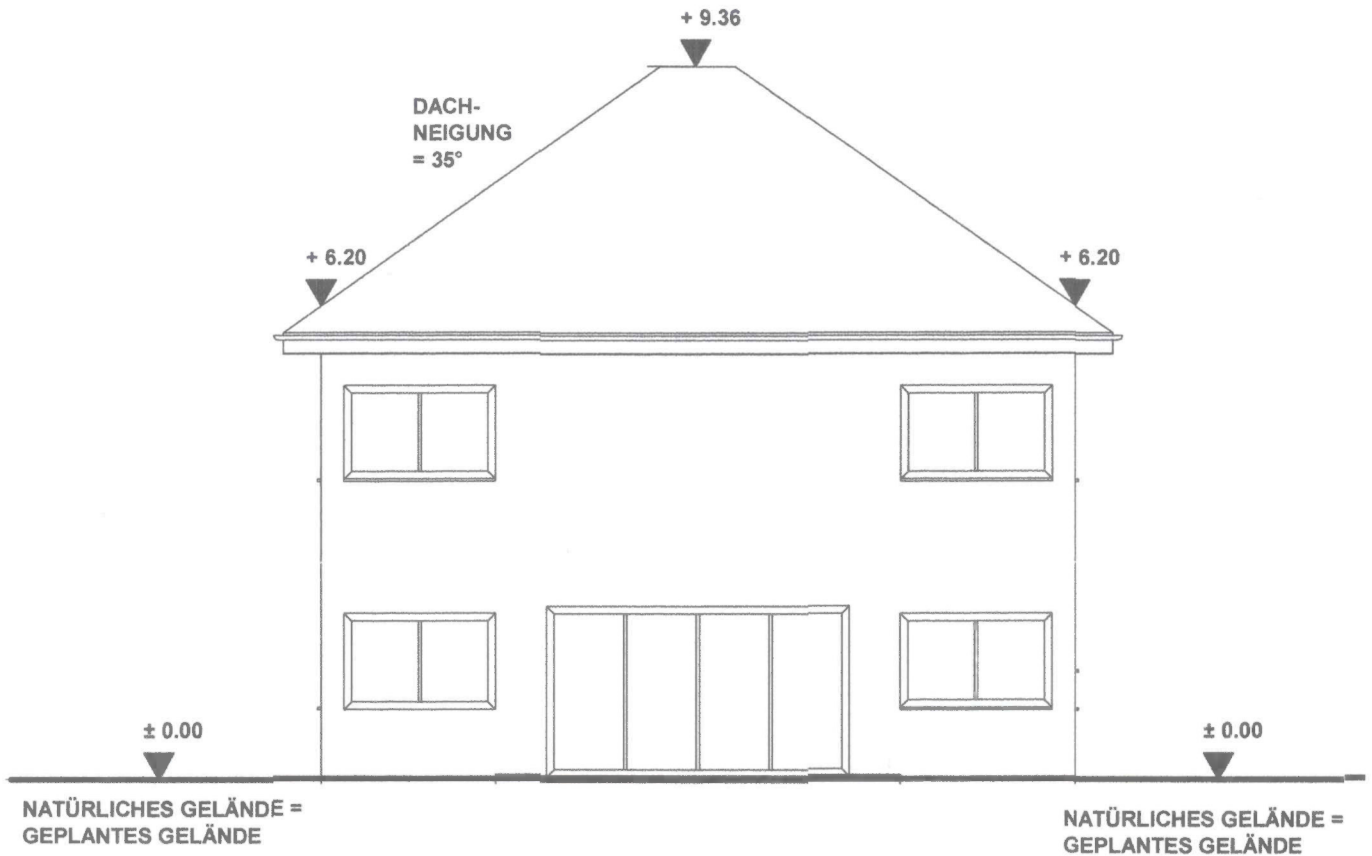

WEST - ANSICHT

004/2026

Eingegangen
05. Jan. 2026
Bauordnungsamt

WESTANSICHT

Projekt:	EINFAMILIENHAUS MIT GARAGE 91126 SCHWABACH / GUNDEKARSTR. 8	
Bauherr:	AYHAMALMASRI 91126 SCHWABACH / GUNDEKARSTR. 8	
Architekt:	ARCHITEKTURBÜRO NENADOVC 91126 SCHWABACH / POMMERNSTR. 22A	
Dateiname:	BV ALMASRI - B - 07.01.2026 - Ansichten	
Maßstab:	1 : 100	Datum: 07.01.2026 WEST - ANSICHT

__Work to complete__
Search the entries above for "GUNDEKARSTR". Return every line that has it.

__Your response__
Projekt:	EINFAMILIENHAUS MIT GARAGE 91126 SCHWABACH / GUNDEKARSTR. 8	
Bauherr:	AYHAMALMASRI 91126 SCHWABACH / GUNDEKARSTR. 8	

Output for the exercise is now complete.